CVE-2025-33238 Overview
NVIDIA Triton Inference Server Sagemaker HTTP server contains a vulnerability where an attacker may cause an exception. A successful exploit of this vulnerability may lead to denial of service, potentially disrupting machine learning inference operations that depend on the Triton Inference Server platform.
Critical Impact
This network-accessible vulnerability allows unauthenticated attackers to cause denial of service conditions in NVIDIA Triton Inference Server Sagemaker deployments, impacting availability of ML inference services.
Affected Products
- NVIDIA Triton Inference Server (Sagemaker HTTP server component)
Discovery Timeline
- 2026-03-24 - CVE-2025-33238 published to NVD
- 2026-03-25 - Last updated in NVD database
Technical Details for CVE-2025-33238
Vulnerability Analysis
This vulnerability is classified under CWE-362 (Concurrent Execution using Shared Resource with Improper Synchronization), commonly known as a race condition vulnerability. The flaw exists within the Sagemaker HTTP server component of NVIDIA Triton Inference Server, where improper handling of concurrent requests can lead to an unhandled exception.

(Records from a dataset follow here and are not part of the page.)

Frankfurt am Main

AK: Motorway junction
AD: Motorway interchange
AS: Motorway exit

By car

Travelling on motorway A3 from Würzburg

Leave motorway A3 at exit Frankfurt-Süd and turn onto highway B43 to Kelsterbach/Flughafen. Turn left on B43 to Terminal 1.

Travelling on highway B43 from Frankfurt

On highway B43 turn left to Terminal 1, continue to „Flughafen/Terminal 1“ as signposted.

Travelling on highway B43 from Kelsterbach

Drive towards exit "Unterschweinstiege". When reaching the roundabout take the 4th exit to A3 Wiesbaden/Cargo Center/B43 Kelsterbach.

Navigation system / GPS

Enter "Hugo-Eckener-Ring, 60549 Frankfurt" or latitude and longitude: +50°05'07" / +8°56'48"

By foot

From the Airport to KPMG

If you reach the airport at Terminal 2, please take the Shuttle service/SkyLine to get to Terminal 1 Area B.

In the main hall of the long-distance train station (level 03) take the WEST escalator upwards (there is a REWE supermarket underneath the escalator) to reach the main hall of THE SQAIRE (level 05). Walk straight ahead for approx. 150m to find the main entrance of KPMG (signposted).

The vulnerability enables remote attackers to trigger exception conditions without requiring any privileges or user interaction. When successfully exploited, the affected server component may crash or become unresponsive, resulting in a denial of service condition that impacts the availability of machine learning inference workloads.
Root Cause
The root cause of this vulnerability stems from a race condition (CWE-362) in the Sagemaker HTTP server's request handling logic. Race conditions occur when multiple threads or processes access shared resources without proper synchronization mechanisms. In this case, concurrent HTTP requests to the Triton Inference Server can trigger a timing-dependent code path that results in an unhandled exception, causing the service to crash or become unavailable.
Attack Vector
The attack vector for CVE-2025-33238 is network-based, requiring no authentication or user interaction to exploit. An attacker with network access to the vulnerable Triton Inference Server can craft and send specially timed HTTP requests to the Sagemaker endpoint.

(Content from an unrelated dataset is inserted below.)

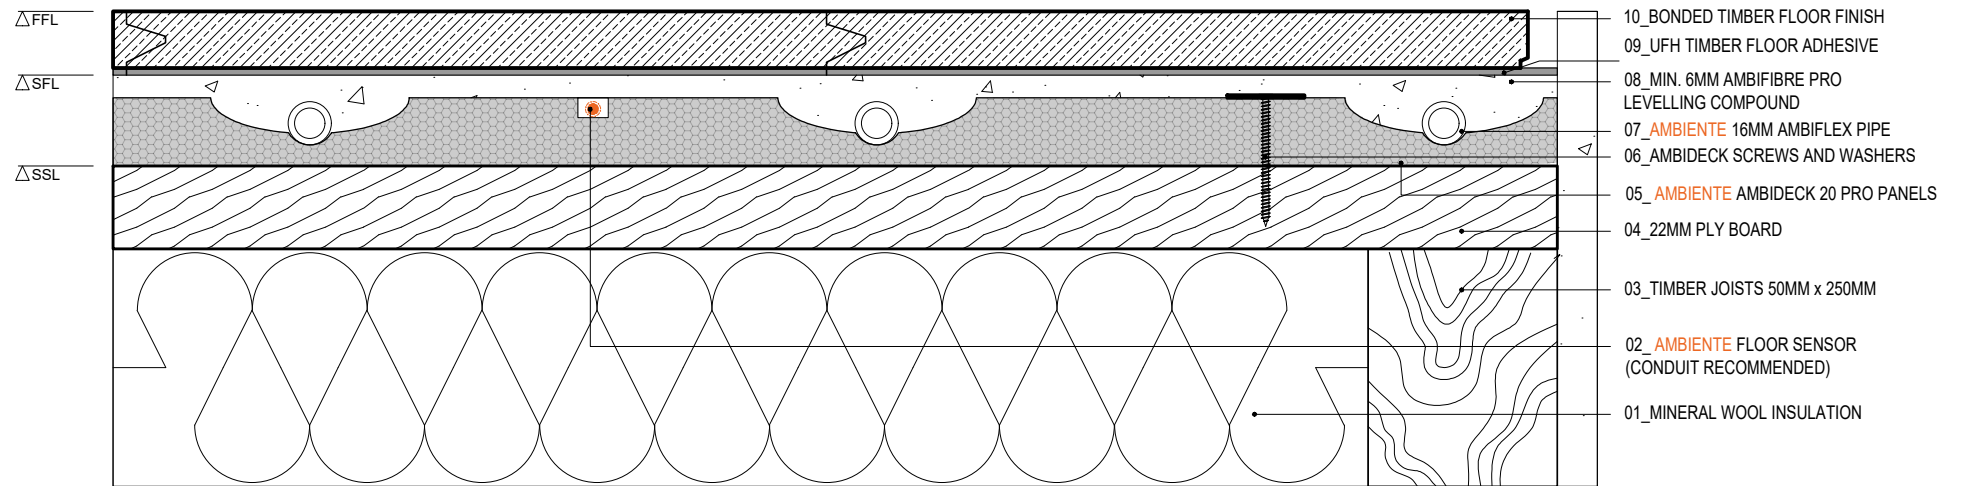

AMBIENTE AMBIDECK 20 PRO. Bonded Timber Floor Finish - Timber Subfloor

TITLE AMBIDECK 20 PRO - Bonded Timber Floor Finish - Timber Subfloor		CAD FILE 20250304-AMBIDECK 20 PRO-DET SECTIONS.DWG		 ambiente more than underfloor AMBIENTE SYSTEMS LIMITED HERITAGE HOUSE, UNIT 1 WOODSIDE LANE, BELL BAR, HERTFORDSHIRE, AL9 6DE SALES@AMBIENTEUFH.CO.UK T.01707 649 118
DRAWN VL	CHECKED GC	DATE 04.03.2025	SCALE N/A	
THIS FILE AND ITS CONTENT ARE THE PROPERTY OF AMBIENTE SYSTEMS LIMITED AND ARE PROTECTED BY COPYRIGHT LAWS. THIS FILE AND ITS CONTENTS MAY ONLY BE DISTRIBUTED, COPIED OR REPRODUCED IN FULL AND MAY NOT BE EDITED OR COPIED IN PART. DO NOT SCALE FROM THIS DRAWING.

The exploitation mechanism involves triggering the race condition by sending concurrent requests that cause the server to enter an inconsistent state. When the timing conditions are met, the server throws an unhandled exception, leading to service disruption. This attack can be repeated to maintain a persistent denial of service condition against the target ML inference infrastructure.

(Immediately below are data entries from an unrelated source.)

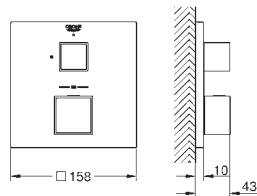

Grohtherm Cube
Thermostatic mixer for 1 outlet with shut off valve
set for final installation for
GROHE Rapido SmartBox 35 600/35 604
GROHE TurboStat compact cartridge
with wax thermoelement
GROHE Long-Life Shine durable sparkling sheen wall escutcheon with **GROHE FastFixation** (covered escutcheon- and shaft sealing, covered fixing)
metal escutcheon, retroactively 6° adjustable
GROHE SafeStop safety button at 38°C
(calibration required)
GROHE SafeStop Plus optional temperature limiter at 43°C or 46°C included
built-in non return valve
and dirt strainers
ceramic stop valve, 120°
flow performance:
outlet B = 27 l/min
outlet C = 30 l/min
without roughing-in-set

35 604 000		4005176698774

GROHE Rapido SmartBox universal rough-in box for concealed installation

24 154 000	Chrome	4005176481185
24 154 DC0	supersteel	4005176574238
24 154 AL0	brushed hard graphite	4005176585920

Detection Methods for CVE-2025-33238
Indicators of Compromise
- Unusual patterns of HTTP requests to Triton Inference Server Sagemaker endpoints with high concurrency
- Server crash logs or exception traces indicating race condition failures
- Repeated service restarts or availability interruptions in Triton Inference Server deployments
- Anomalous network traffic patterns targeting ML inference endpoints
Detection Strategies
- Monitor Triton Inference Server logs for unhandled exception events and abnormal termination patterns
- Implement network-level detection for unusual concurrent request patterns to Sagemaker HTTP endpoints
- Configure alerting on service availability metrics for Triton Inference Server instances
- Deploy intrusion detection rules to identify potential denial of service attack patterns
Monitoring Recommendations
- Enable verbose logging on Triton Inference Server instances to capture request timing and exception details
- Set up automated health checks and restart policies for affected deployments
- Monitor system resource utilization (CPU, memory, thread counts) for anomalous patterns
- Implement network traffic analysis to detect potential exploitation attempts
How to Mitigate CVE-2025-33238
Immediate Actions Required
- Review the NVIDIA Support FAQ for official guidance and patches
- Assess exposure of Triton Inference Server Sagemaker endpoints to untrusted networks
- Implement network segmentation to restrict access to ML inference infrastructure
- Enable rate limiting on HTTP endpoints to reduce attack surface
Patch Information
NVIDIA has published security guidance for this vulnerability. Organizations should consult the NVIDIA Support FAQ for official patch information and updated software versions. It is strongly recommended to apply vendor-provided patches as soon as they become available.
For additional technical details, refer to the NVD CVE-2025-33238 Details page.
Workarounds
- Restrict network access to Triton Inference Server endpoints using firewall rules or security groups
- Deploy the server behind a reverse proxy with request rate limiting and connection throttling
- Implement authentication layers in front of exposed Sagemaker HTTP endpoints
- Consider running Triton Inference Server in isolated network segments with strict ingress controls
# Example: Configure network access restrictions for Triton Inference Server
# Restrict access to trusted IP ranges only using iptables
iptables -A INPUT -p tcp --dport 8080 -s <trusted_network_cidr> -j ACCEPT
iptables -A INPUT -p tcp --dport 8080 -j DROP
# Alternative: Use security groups in cloud environments to limit exposure
# Consult your cloud provider's documentation for specific configuration
Disclaimer: This content was generated using AI. While we strive for accuracy, please verify critical information with official sources.